# Material provided
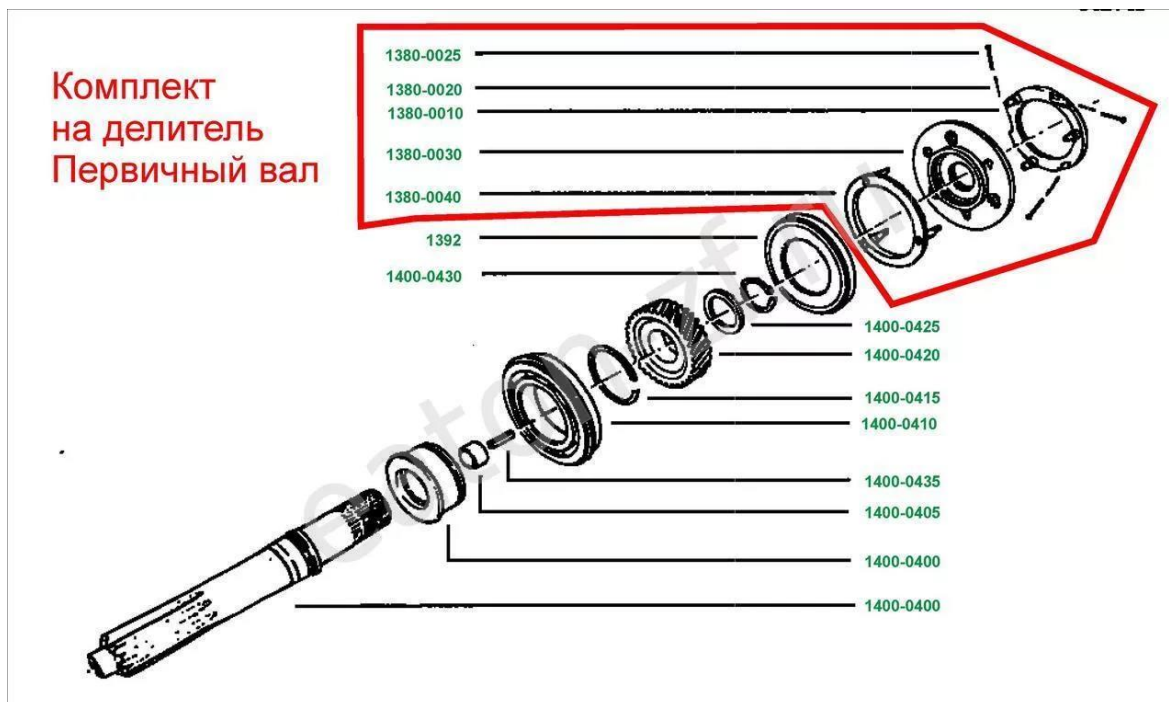

Синхронизатор переднего делителя (первичного вала) 16-ти ступенчатой КПП Eaton (Итон) RTSO 12316 (17316)

Синхронизатор заднего делителя 16-ти ступенчатой КПП Eaton (Итон) RTSO 12316 (17316)

Синхронизатор 3/4 передачи 16-ти ступенчатой КПП Eaton (Итон) RTSO 12316 (17316)

Синхронизатор 1/2 передачи 16-ти ступенчатой КПП Eaton (Итон) RTSO 12316 (17316)

# Task objective
Where the material contains a line with "передачи", return that line.

# Exercise answer
Синхронизатор 3/4 передачи 16-ти ступенчатой КПП Eaton (Итон) RTSO 12316 (17316)
Синхронизатор 1/2 передачи 16-ти ступенчатой КПП Eaton (Итон) RTSO 12316 (17316)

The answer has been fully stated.